SIRT1 facilitated the cell cycle progression in BRAF V600E-mutated cells
To determine whether the effect of SIRT1 on cell proliferation was mediated by influencing the cell cycle progression, flow cytometry was performed (Fig. 4A and 4B). Downregulation of SIRT1 led to a significant reduction in the number of BCPAP cells in the G1 phase and a significant accumulation of cells in S phase compared with the control (both p < 0.05); moreover, when the upregulated SIRT1 expression was induced, fewer cells were hindered in S phase (p < 0.05). Consistent with these observations, SIRT1 overexpression facilitated cyclin D1 expression in BCPAP cells (Fig. 4C). No significant variations were observed in TPC-1 cells (Fig. 4B and 4D).
SIRT1 reduced apoptosis in BRAF V600E-mutated cells
Next, we performed a TUNEL assay to determine whether SIRT1 played a significant role in the apoptosis of TPC-1 and BCPAP cells.
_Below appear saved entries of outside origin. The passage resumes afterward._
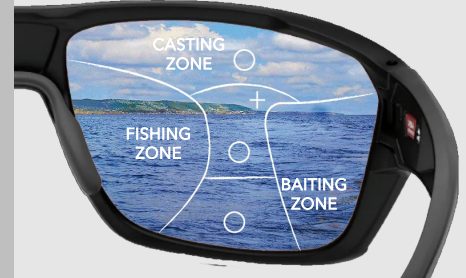

FISHING

DEEP BLUE IRIDIUM POL.
TUNGSTEN IRIDIUM POL.
BLACK IRIDIUM POL.

GREY POL.
CLEAR + STEALTH AR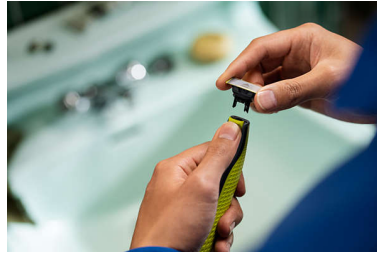

להב שלא נשחק בקלות

להב נירוסטה עמיד שמחזיק עד 4 חודשי שימוש* לשמירה על תחושה רעננה. כאשר מחוון ההחלפה - סמל השליפה - יופיע על הלהב, ייתכן שביצועי הלהב כבר לא יהיו מיטביים. זה הזמן לשקול להחליף את הלהב לחוויית הגילוח הטובה ביותר

As shown in Fig. 5A, the percentage of BCPAP cells undergoing apoptosis was significantly increased in the SIRT1 siRNA group compared with that in the control cells at 48 h (p < 0.01). In addition, the number of TUNEL-positive apoptotic cells in the SIRT1 overexpression group in BCPAP cells was significantly lower than that in the control group. However, we failed to observe any significant variations in TPC-1 cells (Fig. 5B). Consistently, the levels of apoptotic proteins, including BAX and BCL-2, in SIRT1-regulated TPC-1 and BCPAP cells were in agreement with the above results (p < 0.05; Fig. 5C and 5D). Therefore, SIRT1 is an important participant in the regulation of cell apoptosis in BCPAP cells.
SIRT1 enhanced the migration and invasion potential of BRAF V600E-mutated cells
Then, we investigated the functional role of SIRT1 in the migration and invasion of PTC cells. In wound healing assays, the distance of the scratch wound in the BCPAP SIRT1 siRNA group was significantly larger than that in the control group, whereas SIRT1 overexpression promoted the migration of BCPAP cells (both p < 0.01; Fig. 6A). Nevertheless, no significant variations were observed in TPC-1 cells (Fig. 6B). Similar results were also found in the Matrigel invasion assay (Fig. 6C and 6D), in which the number of cells migrating through the chamber in the si-SIRT1 BCPAP group was significantly less than that in the control group (p < 0.01). In addition, the stimulatory effect of SIRT1 on BCPAP cell invasion was also confirmed (p < 0.01). However, we observed no significant variations in TPC-1 cells (Fig. 6D). These results indicated that SIRT1 enhanced the migration and invasion potential of BCPAP cells.
SIRT1 facilitated phosphorylation of MAPK pathway proteins in BRAF V600E-mutated cells
The above results showed that SIRT1 has different biological effects on TPC-1 and BCPAP cells. Since the distinct difference between these two cells is the BRAF V600E mutation status, we examined the activity of the MAPK signaling pathway. When SIRT1 was knocked down in BCPAP cells, the expression of p-ERK1/2 and p-JNK (active forms) were significantly inhibited (both p < 0.01), whereas those of their inactive forms (ERK1/2 and JNK) were unchanged (Fig. 7A). Thus, the loss of SIRT1 resulted in an overall reduced MAPK activity. In contrast, SIRT1 overexpression promoted their active forms in BCPAP cells, as confirmed by western blot analyses (Fig. 7A). However, no significant variations were found in TPC-1 cells (Fig. 7B). These data indicate that SIRT1 promoted the activity of ERK1/2 and JNK in the MAPK pathway and that SIRT1 is an important modulator of the MAPK pathway activity in BRAF V600E-mutated cells.